# What's a good PH target for fruit wine?



## geek (Jun 7, 2013)

Checked the ph of my Pineapple, Mango, Strawberry and Blueberry fruit wine, sitting in carboy for over a month, stabilized with kmeta/sorbate and backsweeten.

PH shows ~2.8x

I read that Potassium Bicarbonate is better to use to raise ph level in a finished wine.


----------



## Julie (Jun 7, 2013)

3.4 - 3.65 for reds
3.1 - 3.45 for whites
3.5 - 3.6 for fruits


----------



## Turock (Jun 8, 2013)

That's a pretty low PH to think about using potassium carbonate. You should have adjusted the PH pre-ferment.


----------



## geek (Jun 8, 2013)

I didnt have a ph meter then, just got one recently.....


----------



## geek (Jun 8, 2013)

guys, I just racked into a pail and degassed....lots of co2 was still in the wine; lots of foam..!!

I then checked PH again and still shows ~2.8x
It tastes a bit tart, I assume the TA is high.

What do you recommend right now?

I am heading to the food market for a concentrated white grape juice (the only have white and red grape concentrate, apple concentrate, no strawberry concentrate).

I hope 1 can would balance it out a bit?????????


----------



## Turock (Jun 9, 2013)

Does it have a nice flavor you're happy with? Well, except for the acid. If it has a nice flavor, maybe you wouldn't want to adulterate it with concentrate. What do you think about letting this age up a bit in a carboy---and let it degass naturally. Some carboy aging will help the flavors firm up too.

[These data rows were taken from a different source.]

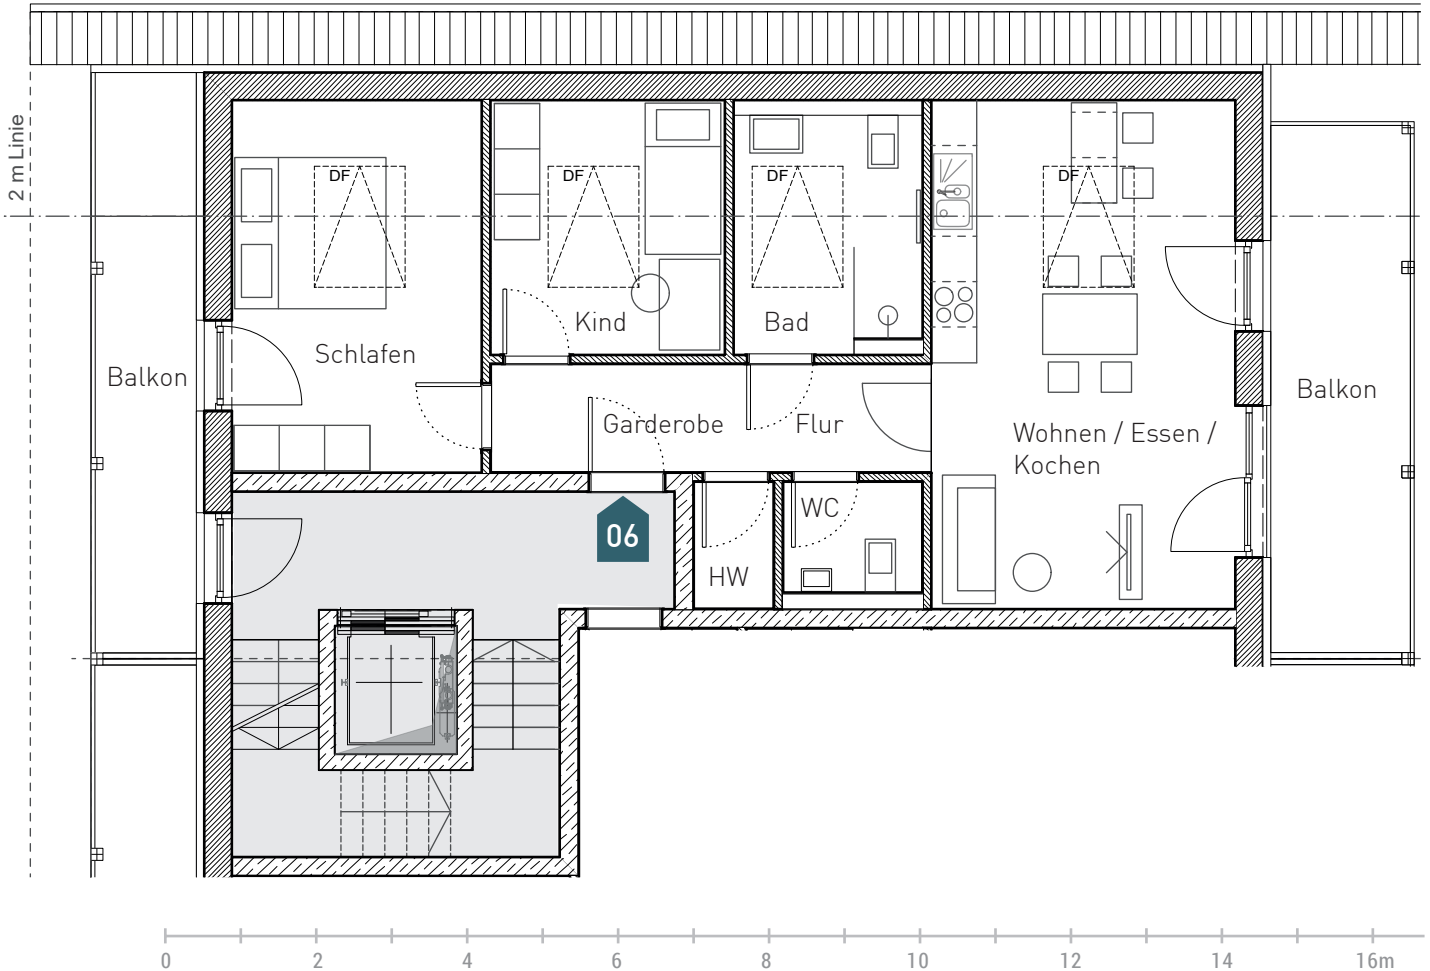

DAS KIEFERSFELDEN

Mühlbach

WOHNUNG 06

DG | 3 Zimmer | 86,14 m²

Maßstab: 1:100

WOHNUNG 06

Garderobe	7,47 m ²
Flur	4,23 m ²
HW / WC	3,63 m ²
Wohnen / Essen / Kochen	28,40 m ²
Bad / WC	6,22 m ²
Kind	10,83 m ²
Schlafen	13,80 m ²
Balkone (10,25 + 12,86 m ²)	11,56 m ²
Summe (ca.)	86,14 m²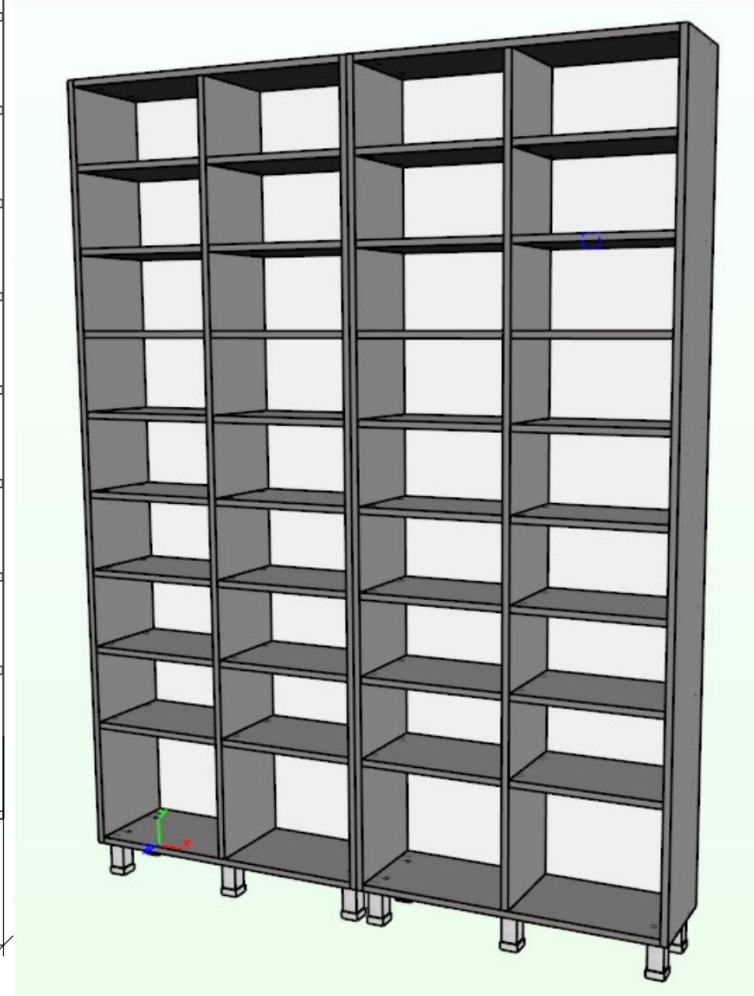

Dulap 1000*2200*551

Anexa 1

Masa 1100*750*700

Anexa 3

Tumbă 600*750*500

Anexa 4

Cartotecă 1600*2200*253

Anexa 5

Oglinda 350*500

Anexa 6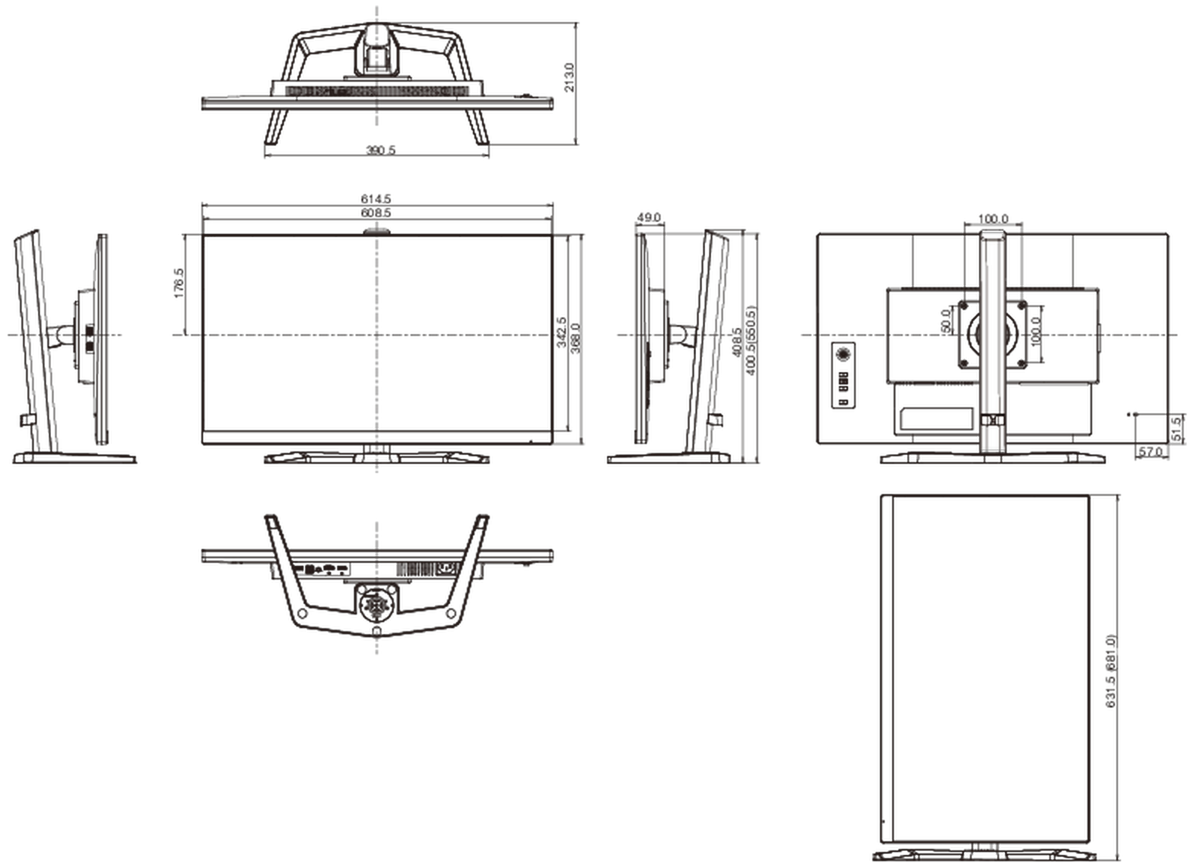

04 MECHANICKÉ ČÁSTI

Úpravy polohy	výška, pivot (rotace), náklon
Výškově nastavitelné	150mm
Otočný (Pivot)	90°
Úhel otočení	90°; ° na lefo; 45° na parvo

Úhel náklonu	23° nahoru; 5° dolů
VESA	100 x 100mm
Systém správy kabelů	ano

07 UDRŽITELNOST

Předpisy	CE, TÜV-Bauart, EAC, VCCI-B, PSE, RoHS support, ErP, WEEE, REACH, UKCA
Energetická třída (Regulation (EU) 2017/1369)	E
REACH SVHC	nad 0.1% olova

08 ROZMĚRY / HMOTNOST

Rozměry výrobku Š x V x D	614.5 x 400.5 (550.5) x 213mm
Rozměry balení Š x V x D	690 x 432 x 168mm
Váha (bez balení)	5.4kg
Váha (s balením)	7.5kg
EAN code	4948570124428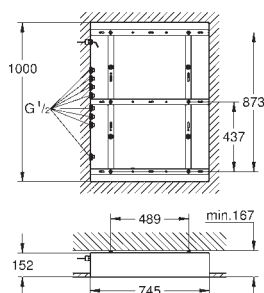

26 098,00

Rainshower F-Series 40" AquaSymphony Plafonnier 6+ jets avec lumière

1016 mm (largeur) x 762 mm (hauteur) x 145 mm (profondeur)
Métal

1 x AquaCurtain
1 x Pure XL
1 x 2 jets de brume
2 x GROHE PureRain 400 x 190 mm
1 x 2 jets Cascade XL
1 x 4 jets Bokoma avec ajustement de l'angle à 20° et combinaisons

Spectre LED : lumière douce avec arc-en-ciel de couleurs modulable

Ajustable individuellement : éclairage permanent avec sélection de couleur

Alimentation électrique pour lumière 12 V DC

Marquage de conformité CE

Procédé anti-calcaire **SpeedClean**

GROHE DreamSpray jet parfaitement uniforme

GROHE StarLight éclatant et durable

Requiert : corps encastré (26 376 001), unité F-Digital Deluxe (26 374 000), unité Bluetooth (36 371 000) et divers câbles de connexion - tout doit être commandé séparément.

La construction du plafond doit être appropriée pour le produit (poids total du produit > 70kg) . Le plafonnier doit être contrôlé par 8 sorties + 1 sortie de douche et le débit doit être suffisant (>100 l/min). Pour plus d'informations, vous référez au guide d'installation.

Recommandation: configuration avec Grohtherm SmartControl

3 x Grohtherm SmartControl (29 126 000)

3 x GROHE Rapido SmartBox (35 604 000)

1 x Euphoria Cube Stick Set mural 1 jet (26 405 000)

Ce produit contient une lumière LED intégrée qui ne peut pas être changée.

Classe énergétique : A++

Une éco-participation EEE est comprise dans ce prix

26 376 001

Chromé

2 480,00

Rainshower F-Series 40"

Corps encastré

pour une utilisation avec le plafonnier Rainshower F-Series 40"
1000 mm (largeur) x 745 mm (hauteur) x 152 mm (profondeur)
profondeur min. d' installation : 167 mm

Conduit d'eau : laiton

Connections 1/2"

La construction du plafond doit être appropriée pour le produit (poids total du produit > 70kg) . Le plafonnier doit être contrôlé par 8 sorties + 1 sortie de douche et le débit doit être suffisant (>100 l/min). Pour plus d'informations, vous référez au guide d'installation.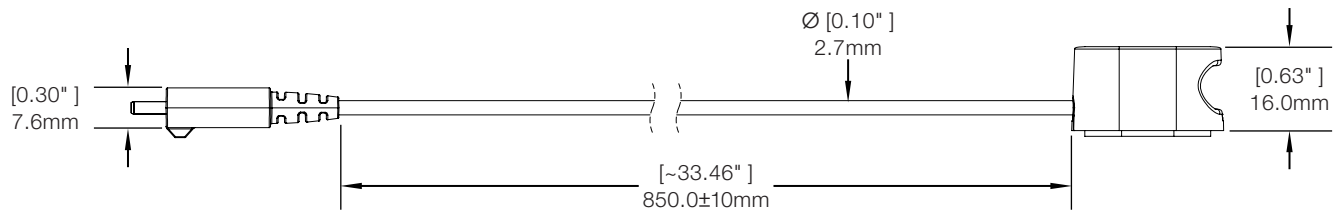

Zips 6 & 12 Port USB-C Extender Cable (ZM2809):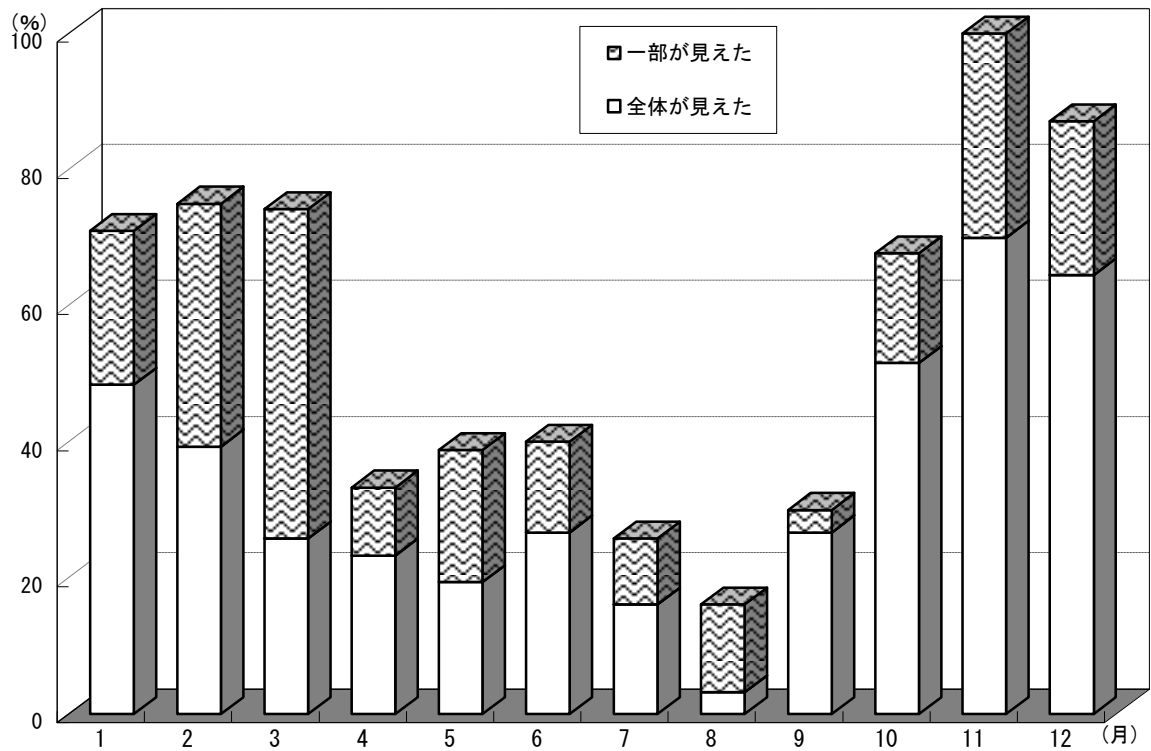

(8)平成10年 富士山が見えた日数の割合（午前8時）

	1月		2月		3月		4月		5月		6月	
	日数	割合	日数	割合	日数	割合	日数	割合	日数	割合	日数	割合
全体が見えた	15	48.4	11	39.3	8	25.8	7	23.3	6	19.4	8	26.7
一部が見えた	7	22.6	10	35.7	15	48.4	3	10.0	6	19.4	4	13.3
全く見えない	9	29.0	7	25.0	8	25.8	20	66.7	19	61.2	18	60.0
計	31	100.0	28	100.0	31	100.0	30	100.0	31	100.0	30	100.0

	7月		8月		9月		10月		11月		12月		合計	
	日数	割合	日数	割合	日数	割合	日数	割合	日数	割合	日数	割合	日数	割合
全体が見えた	5	16.1	1	3.2	8	26.7	16	51.6	21	70.0	20	64.5	126	34.5
一部が見えた	3	9.7	4	12.9	1	3.3	5	16.1	9	30.0	7	22.6	74	20.3
全く見えない	23	74.2	26	83.9	21	70.0	10	32.3	0	0.0	4	12.9	165	45.2
計	31	100.0	31	100.0	30	100.0	31	100.0	30	100.0	31	100.0	365	100.0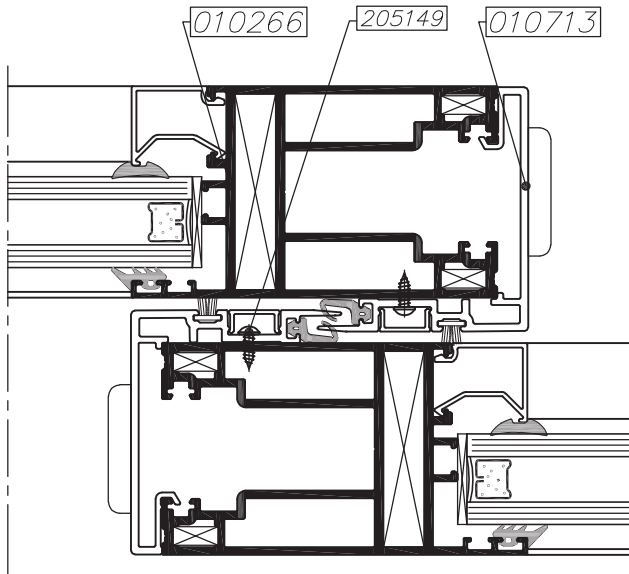

קנה מידה 1:2

extal

גרסה 2021
מס. עמוד U22h-03-300
מס. קובץ 153U22h14

חיבור שולב לכנף

U22h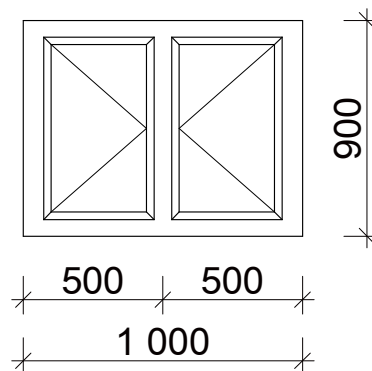

ԴՈՆԵՐԻ ԵՎ ՊԱՏՈՒՀԱՆՆԵՐԻ ԷՍԲԻԶՆԵՐ

ՎԻՏՐԱԺ Վ - 1

Պ - 2

ՎԻՏՐԱԺԻ, ԴՈՆԵՐԻ ԵՎ ՊԱՏՈՒՀԱՆՆԵՐԻ ՄԱՍՆԱԳԻՐ

N/N	ՏԵՍԱԿԸ	ՔԱՆԱԿ	ՄԱԿՆ.	ԲԱՑՎՈՂ	ՉԲԱՑՎՈՂ	ԸՆԴ.
1.	Դուռ արտաքին, փայտի գույնի մետաղոպլ.	1	Դ-3	2.4 մ ²	0.7 մ ²	3.1 մ ²
2.	Դուռ ներսի, փայտի գույնի մետաղոպլաստե	3	Դ-2	1.47 մ ²	—	1.47 մ ²
3.	Դուռ ներսի, փայտի գույնի մետաղոպլաստե	6	Դ-1	1.89 մ ²	—	1.89 մ ²
4.	Պատուհան, փայտի գույնի մետաղոպլաստե	4	Պ-1	3.15 մ ²	3.15 մ ²	6.9 մ ²
5.	Պատուհան, փայտի գույնի մետաղոպլաստե	2	Պ-2	0.90 մ ²	—	0.90 մ ²
6.	Վիտրաժ, փայտի գույնի մետաղոպլաստե	1	Վ-1	—	—	5.0 մ ²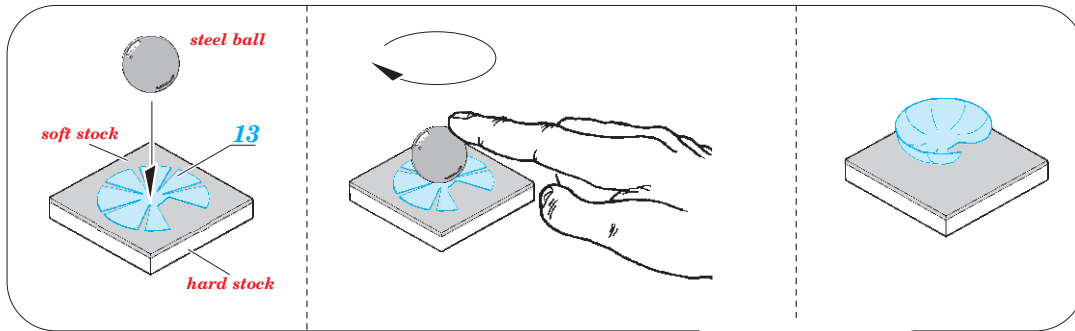

# King Tiger Porsche zimmerit

eduard

36 400

1/35

detail set for 1/35 MENG kit • sada detailů pro stavebnici 1/35 MENG

- APPLY EXPRESS MASK AND PAINT BEFORE GLUING  
POUŽIT EXPRESS MASK NABARVIT PŘED SLEPENÍM
  - SYMMETRICAL ASSEMBLY  
SYMETRICKÁ MONTÁŽ
  - REMOVE  
ODSTRANIT
  - GRIND  
OBROUSIT
  - DRILL HOLE  
VRTAT OTVOR
  - COLORED ETCHED PARTS  
LEPTANÉ BAREVNÉ DÍLY
  - ETCHED PARTS  
LEPTANÉ NEBAREVNÉ DÍLY
  - ORIGINAL KIT PARTS  
PŮVODNÍ DÍLY STAVEBNICE
- BEND  
OHNOUT
  - OPTION  
VOLBA
  - REPLACE  
NAHRADIT

ORIGINAL KIT PARTS  
PŮVODNÍ DÍLY STAVEBNICE

PHOTO-ETCHED PARTS  
LEPTANÉ DÍLY

PARTS TO BE REMOVED  
DÍLY K ODSTRANĚNÍ

FILL  
TMELIT

**Related products: 36 398 King Tiger Porsche turret 1/35**

**Related products: 36 399 King Tiger Porsche fenders 1/35**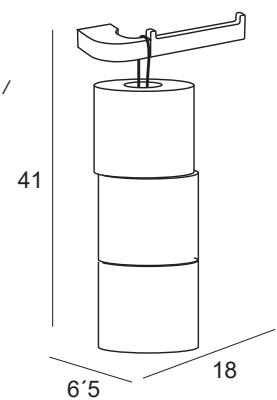

Percha
Robe hook
Patère
Cabide

6708 | **6768**

19 € | 27 €

Cromo / Chrome

Toallero bidet /
Portarrollos sin tapa

6712 | **6772**

Bidet towel /
Paper holder without
cover

Porte-serviette bidet /
Porte-rouleau sans
couvercle

Toalheiro bidé /
Porta-rolos sem tampa

Cromo / Chrome

33 € | 41 €

Portarrollos
con reserva

6724 | **6784**

Spare paper holder
Porte-rouleau avec recharge
Porta-rolos com reserva

Cromo / Chrome

38 € | 46 €

Repuestos / Spare parts /
Replacements / Reposição

ref. 1006

4 €

My problem here is that you are manipulating such a young wine. It's like not allowing a puppy to grow up before you hitch it to a wagon to pull your kids around the yard. After it has aged up and degassed by itself, you'll have a better profile on it to do some blending with it. It might be very excellent by blending it with a Reisling. Reisling is such a delicate-flavored wine that it accepts any flavor you combine with it. It allows other flavors to shine thru it. And the blending will bring the acid bite down to--maybe--acceptable levels.


----------



## Pumpkinman (Jun 10, 2013)

I agree, by the time it ages a bit, it will be a "different wine". You need to have patience, it is a real young wine.


----------



## Midwest Vintner (Jun 11, 2013)

If you have enough room in a freezer, you could cold stabilize it. 2.8 seems really low. You could also add water (which will thin the wine). It's too far for calcium bicarbonate to go to get to a more acceptable range. You could also backsweeten with apple juice as it will impart a little less flavor and shouldn't be as acidic. You could do a combination of all four. There is not 1 absolute answer, but I would let it sit longer before you attempt anything as other have suggested. 

How much fruit per gallon?


----------